§ Saved entries:
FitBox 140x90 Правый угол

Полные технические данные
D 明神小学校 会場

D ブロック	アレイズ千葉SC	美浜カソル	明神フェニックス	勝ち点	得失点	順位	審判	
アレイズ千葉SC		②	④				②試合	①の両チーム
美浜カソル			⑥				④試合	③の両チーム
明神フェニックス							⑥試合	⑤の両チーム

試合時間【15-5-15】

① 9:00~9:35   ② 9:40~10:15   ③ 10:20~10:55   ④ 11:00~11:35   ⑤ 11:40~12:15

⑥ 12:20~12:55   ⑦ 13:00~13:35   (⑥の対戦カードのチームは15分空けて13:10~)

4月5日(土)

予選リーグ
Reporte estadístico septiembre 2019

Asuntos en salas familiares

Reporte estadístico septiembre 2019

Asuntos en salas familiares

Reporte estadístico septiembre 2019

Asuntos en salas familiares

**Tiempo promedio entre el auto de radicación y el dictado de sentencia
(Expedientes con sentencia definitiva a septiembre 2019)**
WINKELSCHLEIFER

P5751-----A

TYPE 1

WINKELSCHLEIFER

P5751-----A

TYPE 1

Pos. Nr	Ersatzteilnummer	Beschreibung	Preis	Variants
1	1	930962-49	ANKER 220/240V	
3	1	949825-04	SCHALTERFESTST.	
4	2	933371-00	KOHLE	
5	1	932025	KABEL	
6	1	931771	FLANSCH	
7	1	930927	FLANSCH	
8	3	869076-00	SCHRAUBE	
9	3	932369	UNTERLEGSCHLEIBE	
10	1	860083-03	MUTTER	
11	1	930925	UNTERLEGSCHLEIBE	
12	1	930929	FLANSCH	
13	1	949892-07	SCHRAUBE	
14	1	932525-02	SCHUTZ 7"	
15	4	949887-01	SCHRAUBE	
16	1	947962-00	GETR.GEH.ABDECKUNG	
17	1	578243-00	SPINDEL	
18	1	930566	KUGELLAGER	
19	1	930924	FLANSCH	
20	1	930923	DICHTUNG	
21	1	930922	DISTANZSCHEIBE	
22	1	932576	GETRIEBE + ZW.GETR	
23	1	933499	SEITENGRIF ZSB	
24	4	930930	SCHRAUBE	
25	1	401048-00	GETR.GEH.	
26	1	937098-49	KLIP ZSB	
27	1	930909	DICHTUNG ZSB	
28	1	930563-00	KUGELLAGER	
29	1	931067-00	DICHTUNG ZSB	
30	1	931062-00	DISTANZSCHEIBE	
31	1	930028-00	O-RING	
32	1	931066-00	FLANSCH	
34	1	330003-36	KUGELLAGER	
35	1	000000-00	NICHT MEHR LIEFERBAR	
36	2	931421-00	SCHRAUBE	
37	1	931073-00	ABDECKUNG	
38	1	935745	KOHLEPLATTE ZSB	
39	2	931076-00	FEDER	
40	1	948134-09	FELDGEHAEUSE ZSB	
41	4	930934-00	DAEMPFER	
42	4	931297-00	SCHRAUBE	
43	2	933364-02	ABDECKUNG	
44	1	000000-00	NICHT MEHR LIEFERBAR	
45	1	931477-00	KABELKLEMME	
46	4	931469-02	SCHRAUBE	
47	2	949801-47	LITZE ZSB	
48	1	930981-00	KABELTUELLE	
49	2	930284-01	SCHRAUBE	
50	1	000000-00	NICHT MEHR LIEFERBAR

* * *

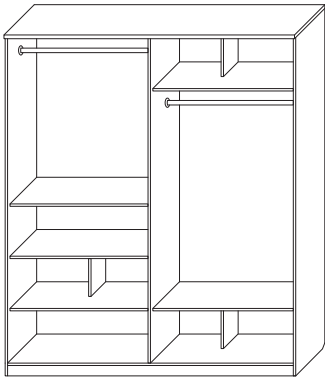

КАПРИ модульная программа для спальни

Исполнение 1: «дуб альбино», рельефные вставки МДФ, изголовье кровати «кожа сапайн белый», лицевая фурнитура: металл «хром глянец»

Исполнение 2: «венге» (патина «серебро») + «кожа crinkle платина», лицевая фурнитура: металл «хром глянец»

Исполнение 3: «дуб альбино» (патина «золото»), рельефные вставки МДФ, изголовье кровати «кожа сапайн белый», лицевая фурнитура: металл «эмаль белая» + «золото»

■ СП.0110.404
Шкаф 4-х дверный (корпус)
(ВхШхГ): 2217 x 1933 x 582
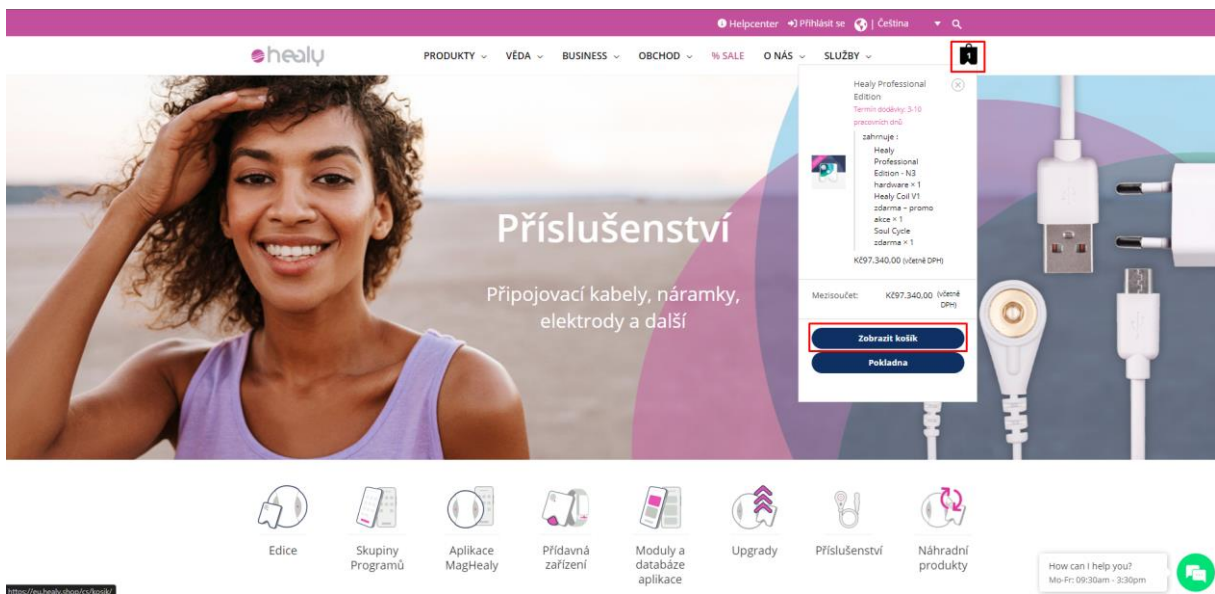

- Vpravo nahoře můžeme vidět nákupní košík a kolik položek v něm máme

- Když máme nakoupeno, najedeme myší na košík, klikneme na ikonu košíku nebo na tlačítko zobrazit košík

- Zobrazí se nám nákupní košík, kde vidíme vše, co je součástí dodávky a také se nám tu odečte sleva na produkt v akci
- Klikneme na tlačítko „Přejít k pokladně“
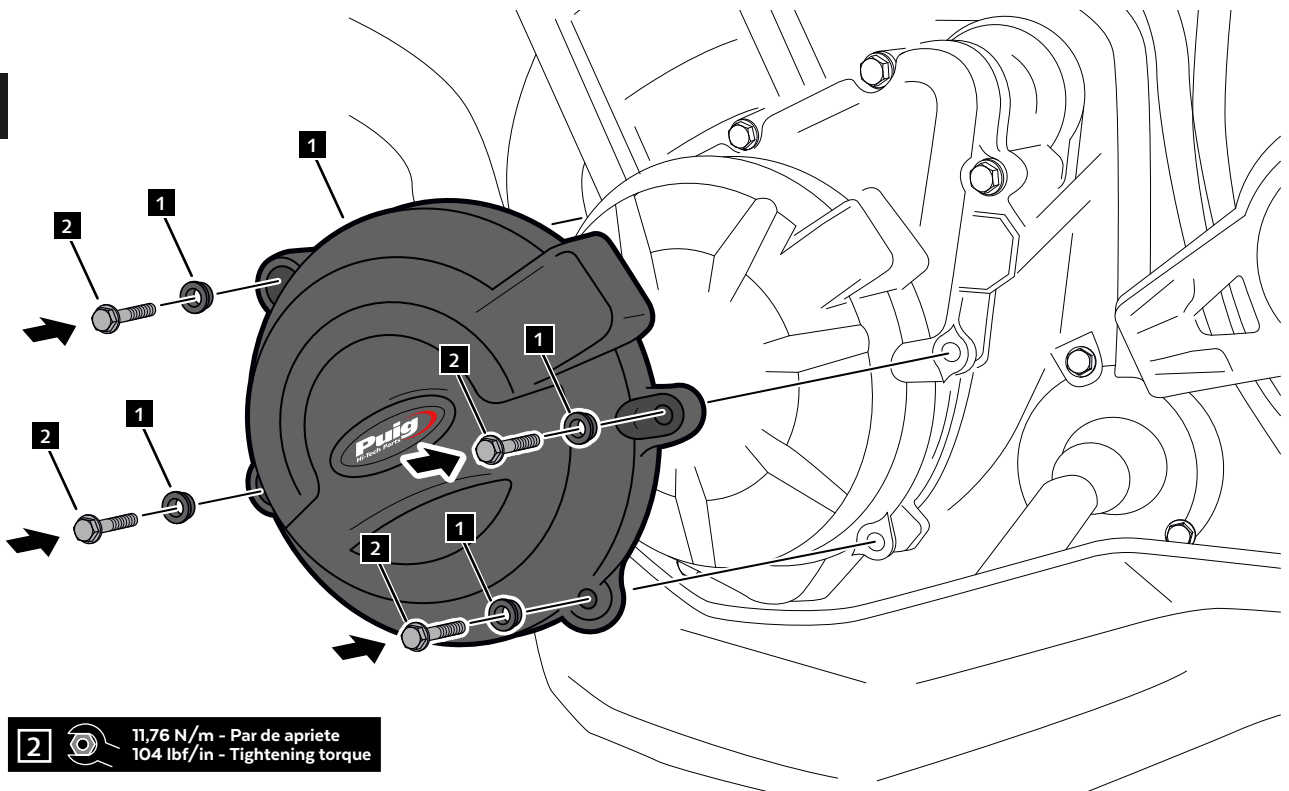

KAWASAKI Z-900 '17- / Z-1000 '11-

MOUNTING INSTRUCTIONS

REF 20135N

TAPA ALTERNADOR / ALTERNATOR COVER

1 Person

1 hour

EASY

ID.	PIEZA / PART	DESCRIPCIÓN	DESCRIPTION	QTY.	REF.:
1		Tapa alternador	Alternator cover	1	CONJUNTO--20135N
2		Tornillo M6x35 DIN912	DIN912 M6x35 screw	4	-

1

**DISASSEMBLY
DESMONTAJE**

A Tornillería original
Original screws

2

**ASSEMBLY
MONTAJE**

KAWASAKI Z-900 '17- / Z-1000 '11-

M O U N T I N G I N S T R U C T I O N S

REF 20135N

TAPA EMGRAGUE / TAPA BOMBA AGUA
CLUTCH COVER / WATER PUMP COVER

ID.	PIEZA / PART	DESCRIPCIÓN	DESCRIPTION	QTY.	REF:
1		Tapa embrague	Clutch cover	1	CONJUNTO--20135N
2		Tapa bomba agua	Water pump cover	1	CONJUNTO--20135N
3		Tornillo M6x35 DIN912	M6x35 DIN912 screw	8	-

§ REQUIRED ACTION: Drop the pictures; return the lines above from the line containing "- Klikneme na" to the line containing "DESMONTAJE**", both included, exactly.

§ RESPONSE TO THE TASK:
- Klikneme na tlačítko „Přejít k pokladně“

KAWASAKI Z-900 '17- / Z-1000 '11-

MOUNTING INSTRUCTIONS

REF 20135N

TAPA ALTERNADOR / ALTERNATOR COVER

1 Person

1 hour

EASY

ID.	PIEZA / PART	DESCRIPCIÓN	DESCRIPTION	QTY.	REF.:
1		Tapa alternador	Alternator cover	1	CONJUNTO--20135N
2		Tornillo M6x35 DIN912	DIN912 M6x35 screw	4	-

1

**DISASSEMBLY
DESMONTAJE**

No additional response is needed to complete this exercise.